About this exercise -> In the lines below, find the one that contains "- Kinnistu piirid" and write it out exactly, along with every line that follows it.

Provided records ->
___

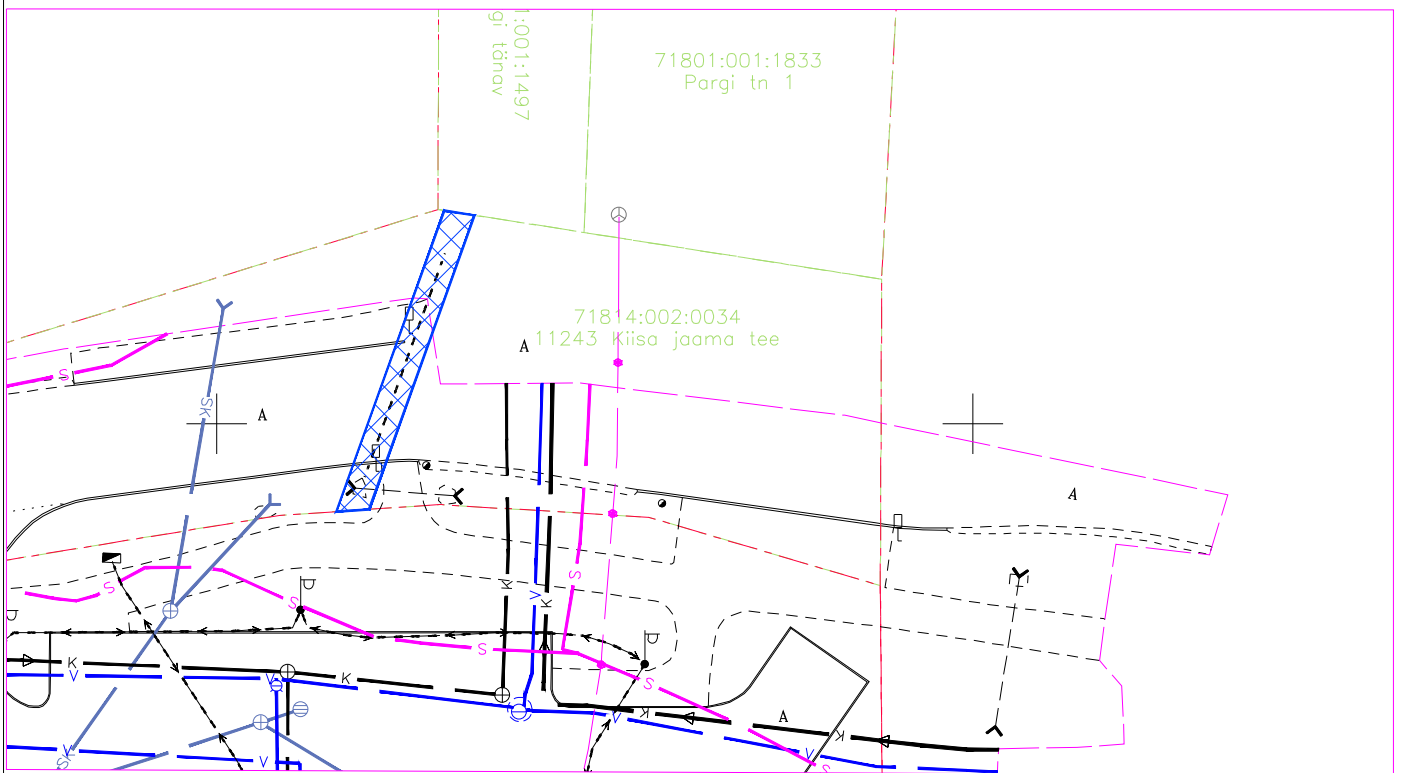

## TINGMÄRGID

- Kinnistu piirid
- - - - - Projekteeritava valgustuskaabli kaitsetoru
- XXXXXX Kasutusõiguse ala valgustuskaabli ehitamiseks

Projekteeritud valgustuskaabli pikkus kaitsevööndi ulatuses: 21,8 m  
Kaitsevööndi laius valgustuskaabli teljest 1 m mõlemale poole

Jrk nr	IKÕ ala pos nr	Kinnistu registriosa number	Katastriüksuse tunnus, nimi ja sihtotstarve	Asukoht, riigitee (nr ja nimi) suhtes (lõigu algus ja lõpp km)	Ala pindala ruutmeetrites, m <sup>2</sup>
1	Pos 1	10125050	71814:002:0034, 11243 Kiisa jaama tee, Transpordimaa 100%	11243 Kiisa jaama tee km 0,06	48.4

___

Answer to the problem ->
- Kinnistu piirid
- - - - - Projekteeritava valgustuskaabli kaitsetoru
- XXXXXX Kasutusõiguse ala valgustuskaabli ehitamiseks

Projekteeritud valgustuskaabli pikkus kaitsevööndi ulatuses: 21,8 m  
Kaitsevööndi laius valgustuskaabli teljest 1 m mõlemale poole

Jrk nr	IKÕ ala pos nr	Kinnistu registriosa number	Katastriüksuse tunnus, nimi ja sihtotstarve	Asukoht, riigitee (nr ja nimi) suhtes (lõigu algus ja lõpp km)	Ala pindala ruutmeetrites, m <sup>2</sup>
1	Pos 1	10125050	71814:002:0034, 11243 Kiisa jaama tee, Transpordimaa 100%	11243 Kiisa jaama tee km 0,06	48.4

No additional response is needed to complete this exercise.